The app has no instrumentation yet so there is no trace information to display:

> dotnet run
Example work done

Best practices

Only app developers need to reference an optional third-party library for collecting the distributed trace telemetry, such as OpenTelemetry in this example. .NET library authors can exclusively rely on APIs in System.Diagnostics.DiagnosticSource, which is part of .NET runtime. This ensures that libraries will run in a wide range of .NET apps, regardless of the app developer's preferences about which library or vendor to use for collecting telemetry.

Add basic instrumentation

Applications and libraries add distributed tracing instrumentation using the System.Diagnostics.ActivitySource and System.Diagnostics.Activity classes.

ActivitySource

First create an instance of ActivitySource. ActivitySource provides APIs to create and start Activity objects. Add the static ActivitySource variable above Main() and using System.Diagnostics; to the using statements.

using OpenTelemetry;
using OpenTelemetry.Resources;
using OpenTelemetry.Trace;
using System;
using System.Diagnostics;
using System.Threading.Tasks;

namespace Sample.DistributedTracing
{
    class Program
    {
        private static ActivitySource source = new ActivitySource("Sample.DistributedTracing", "1.0.0");

        static async Task Main(string[] args)
        {
            ...

Best practices

  • Create the ActivitySource once, store it in a static variable and use that instance as long as needed. Each library or library subcomponent can (and often should) create its own source. Consider creating a new source rather than reusing an existing one if you anticipate app developers would appreciate being able to enable and disable the Activity telemetry in the sources independently.

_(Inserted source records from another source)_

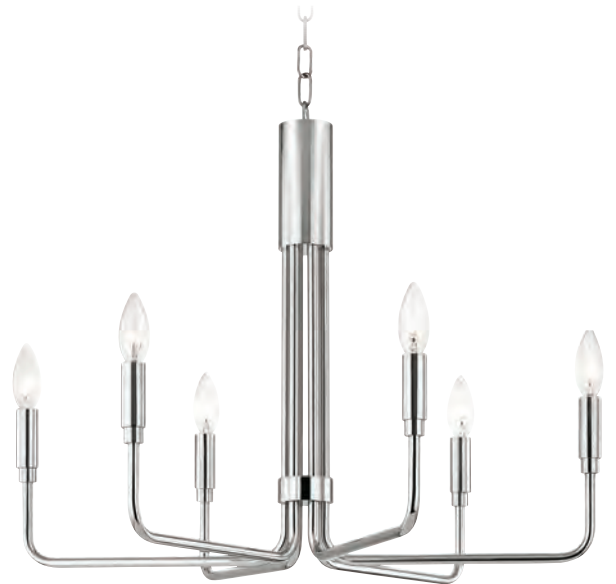

Design, Miya Interiors | Photo, Lindsay Salazar Photography

1.800.814.3993

BRIGITTE

H261810-AGB

H261806-OB

H261806-PN

ITEM	DIMENSIONS	CANOPY	BULBS	FINISHES
H261806	25"D x 19"H	5.5"D	6 60 w/c Not Included	Aged Brass (AGB) Old Bronze (OB)
H261810	32"D x 24"H	5.5"D	10 60 w/c Not Included	Polished Nickel (PN)

COLETTE

H296816-PN/BK

H296816-AGB/BK

ITEM	DIMENSIONS	CANOPY	BULBS	FINISHES
H296816	28.75"D x 33.5"Min H – 87.5"Max H	4.5"D	16 40 w/c Not Included G16.5 Recommended	Aged Brass/Black (AGB/BK) Polished Nickel/Black (PN/BK)

  • The source name passed to the constructor has to be unique to avoid the conflicts with any other sources. If there are multiple sources within the same assembly, use a hierarchical name that contains the assembly name and optionally a component name, for example, Microsoft.AspNetCore.Hosting. If an assembly is adding instrumentation for code in a second, independent assembly, the name should be based on the assembly that defines the ActivitySource, not the assembly whose code is being instrumented.

  • The version parameter is optional. We recommend that you provide the version in case you release multiple versions of the library and make changes to the instrumented telemetry.

Note

OpenTelemetry uses alternate terms 'Tracer' and 'Span'. In .NET 'ActivitySource' is the implementation of Tracer and Activity is the implementation of 'Span'. .NET's Activity type long pre-dates the OpenTelemetry specification and the original .NET naming has been preserved for consistency within the .NET ecosystem and .NET application compatibility.

Activity

Use the ActivitySource object to Start and Stop Activity objects around meaningful units of work. Update DoSomeWork() with the code shown here:

        static async Task DoSomeWork(string foo, int bar)
        {
            using (Activity activity = source.StartActivity("SomeWork"))
            {
                await StepOne();
                await StepTwo();
            }
        }

Running the app now shows the new Activity being logged:

> dotnet run
Activity.Id:          00-f443e487a4998c41a6fd6fe88bae644e-5b7253de08ed474f-01
Activity.DisplayName: SomeWork
Activity.Kind:        Internal
Activity.StartTime:   2021-03-18T10:36:51.4720202Z
Activity.Duration:    00:00:01.5025842
Resource associated with Activity:
    service.name: MySample
    service.instance.id: 067f4bb5-a5a8-4898-a288-dec569d6dbef

Notes

  • ActivitySource.StartActivity creates and starts the activity at the same time. The listed code pattern is using the using block, which automatically disposes the created Activity object after executing the block. Disposing the Activity object will stop it so the code doesn't need to explicitly call Activity.Stop(). That simplifies the coding pattern.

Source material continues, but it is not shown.